▶ What is needed
Print out the data below in full and exactly, skipping the pictures.

[Dataset records]
******

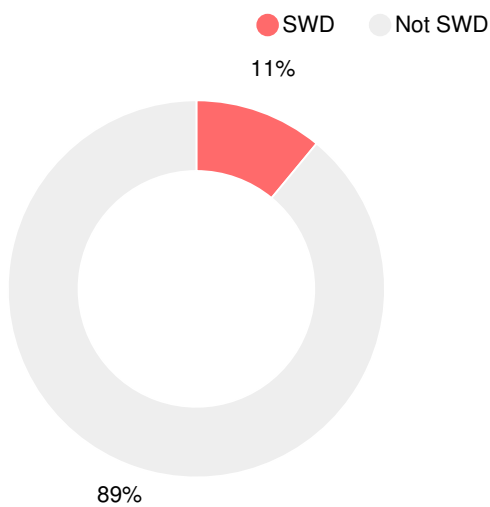

Financial Efficiency Star Rating

Per Pupil Expenditures

Race/Ethnicity

Economically Disadvantaged (ED)

Students with Disability (SWD)

English Language Learners (ELL)

High School

CCRPI Score

Veterans High School

Indicator	2018
Content Mastery	82.5
Progress	93.4
Closing Gaps	42.9
Readiness	85.6
Graduation Rate	91.0
CCRPI Score	83.6

American Literature & Composition

Percent of students scoring in each performance level on 2018 Georgia Milestones
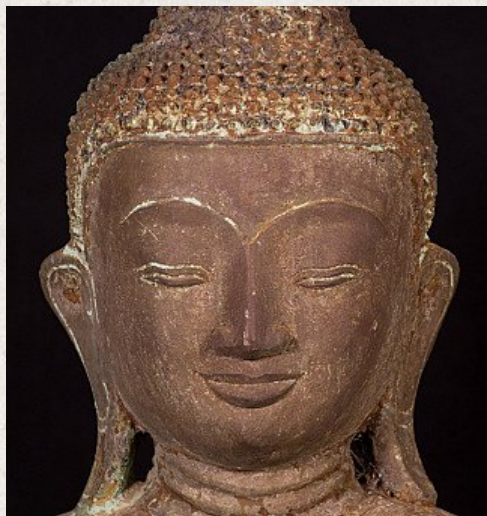

[See on website](#)
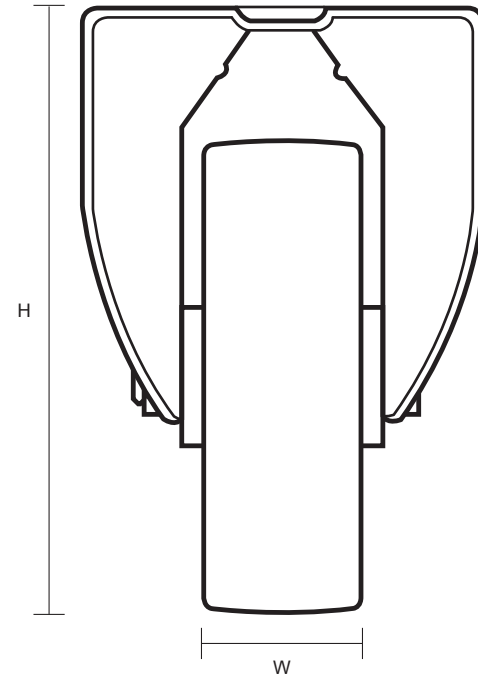

200-3368-PNB (200mm Fixed Castor Polyurethane Wheel)

Castor Dimensions - Key		
D	Wheel Diameter (mm)	200mm
L	Plate Dimension Length (mm)	137mm
L1	Plate Dimension Width (mm)	115mm
C	Plate Hole Centers length (mm)	105mm
C1	Plate Hole Centers width (mm)	80/75mm
D1	Plate Hole Diameter (mm)	10mm
H	Total Castor Height (mm)	240mm
W	Tread Width (mm)	50mm
R	Swivel Radius (mm)	n/a

******

▶ Result for this exercise
Financial Efficiency Star Rating

Per Pupil Expenditures

Race/Ethnicity

Economically Disadvantaged (ED)

Students with Disability (SWD)

English Language Learners (ELL)

High School

CCRPI Score

Veterans High School

Indicator	2018
Content Mastery	82.5
Progress	93.4
Closing Gaps	42.9
Readiness	85.6
Graduation Rate	91.0
CCRPI Score	83.6

American Literature & Composition

Percent of students scoring in each performance level on 2018 Georgia Milestones

[See on website](#)

200-3368-PNB (200mm Fixed Castor Polyurethane Wheel)

Castor Dimensions - Key		
D	Wheel Diameter (mm)	200mm
L	Plate Dimension Length (mm)	137mm
L1	Plate Dimension Width (mm)	115mm
C	Plate Hole Centers length (mm)	105mm
C1	Plate Hole Centers width (mm)	80/75mm
D1	Plate Hole Diameter (mm)	10mm
H	Total Castor Height (mm)	240mm
W	Tread Width (mm)	50mm
R	Swivel Radius (mm)	n/a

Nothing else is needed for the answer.